### WORK REQUIRED
Consider the entries given below. Count the lines that include "ECMA" and give only the count.

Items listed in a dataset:
>>>
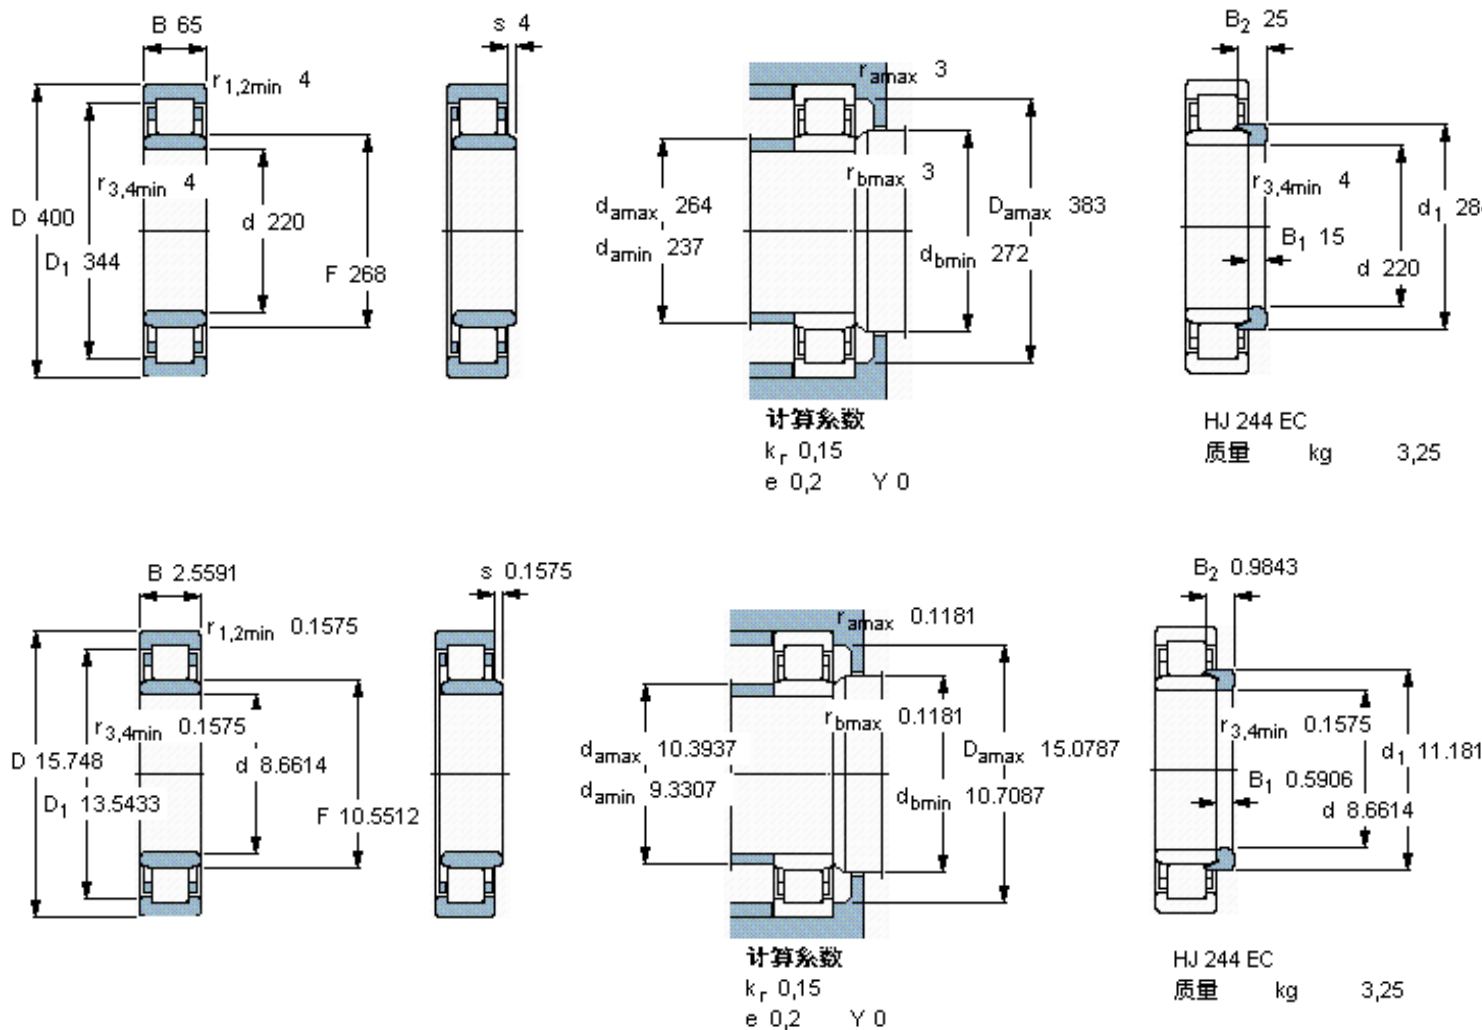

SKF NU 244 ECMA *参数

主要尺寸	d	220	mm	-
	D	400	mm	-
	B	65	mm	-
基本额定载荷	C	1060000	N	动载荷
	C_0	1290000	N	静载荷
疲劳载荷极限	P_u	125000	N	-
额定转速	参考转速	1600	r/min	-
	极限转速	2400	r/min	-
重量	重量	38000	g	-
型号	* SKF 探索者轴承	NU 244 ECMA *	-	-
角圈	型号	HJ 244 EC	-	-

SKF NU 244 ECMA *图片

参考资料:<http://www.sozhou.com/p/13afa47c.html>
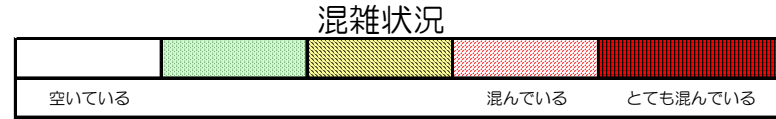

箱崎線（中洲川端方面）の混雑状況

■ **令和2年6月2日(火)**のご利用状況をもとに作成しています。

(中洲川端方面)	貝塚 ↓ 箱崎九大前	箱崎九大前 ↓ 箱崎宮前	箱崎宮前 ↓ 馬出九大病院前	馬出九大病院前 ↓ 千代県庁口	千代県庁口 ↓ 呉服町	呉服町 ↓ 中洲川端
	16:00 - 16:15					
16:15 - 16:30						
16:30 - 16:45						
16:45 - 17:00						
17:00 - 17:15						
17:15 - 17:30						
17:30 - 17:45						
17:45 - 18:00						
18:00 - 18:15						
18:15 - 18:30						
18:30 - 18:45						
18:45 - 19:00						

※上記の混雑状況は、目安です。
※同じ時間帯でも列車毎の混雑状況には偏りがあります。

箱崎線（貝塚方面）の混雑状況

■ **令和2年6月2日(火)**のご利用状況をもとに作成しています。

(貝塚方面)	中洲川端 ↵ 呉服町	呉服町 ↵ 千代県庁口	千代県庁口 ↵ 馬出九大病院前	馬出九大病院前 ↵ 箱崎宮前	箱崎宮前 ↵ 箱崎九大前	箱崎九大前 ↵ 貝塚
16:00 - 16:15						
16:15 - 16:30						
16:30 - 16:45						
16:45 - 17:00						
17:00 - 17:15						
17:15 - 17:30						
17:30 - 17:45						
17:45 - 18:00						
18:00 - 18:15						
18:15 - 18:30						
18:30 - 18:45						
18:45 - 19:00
<<<
>>>
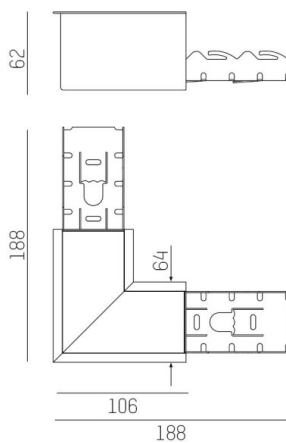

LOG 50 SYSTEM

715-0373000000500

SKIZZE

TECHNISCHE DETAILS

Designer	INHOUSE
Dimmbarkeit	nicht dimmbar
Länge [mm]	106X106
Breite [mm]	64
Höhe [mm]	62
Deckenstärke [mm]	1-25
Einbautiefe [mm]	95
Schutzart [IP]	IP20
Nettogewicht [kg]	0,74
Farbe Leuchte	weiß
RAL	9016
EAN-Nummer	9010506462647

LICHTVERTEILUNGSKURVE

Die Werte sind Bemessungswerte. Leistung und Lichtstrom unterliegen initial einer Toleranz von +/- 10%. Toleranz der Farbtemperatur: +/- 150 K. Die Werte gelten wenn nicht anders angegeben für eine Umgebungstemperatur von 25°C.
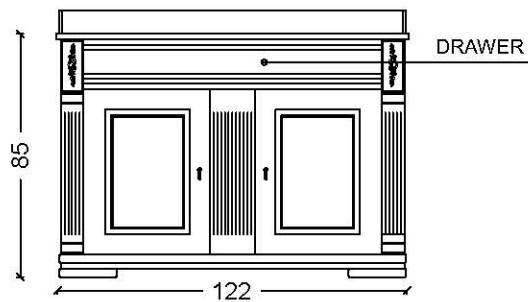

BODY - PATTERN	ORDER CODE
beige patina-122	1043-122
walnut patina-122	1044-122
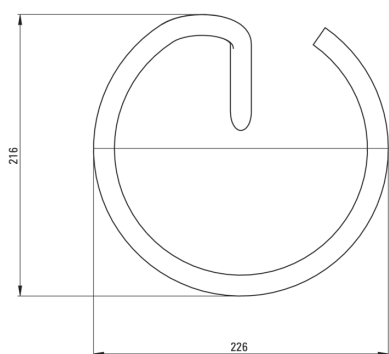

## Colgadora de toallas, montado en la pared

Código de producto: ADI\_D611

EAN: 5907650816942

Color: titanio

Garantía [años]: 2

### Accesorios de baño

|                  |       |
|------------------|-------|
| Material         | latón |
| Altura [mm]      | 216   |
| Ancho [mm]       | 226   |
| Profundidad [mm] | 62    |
<<<
### TASK RESULT
3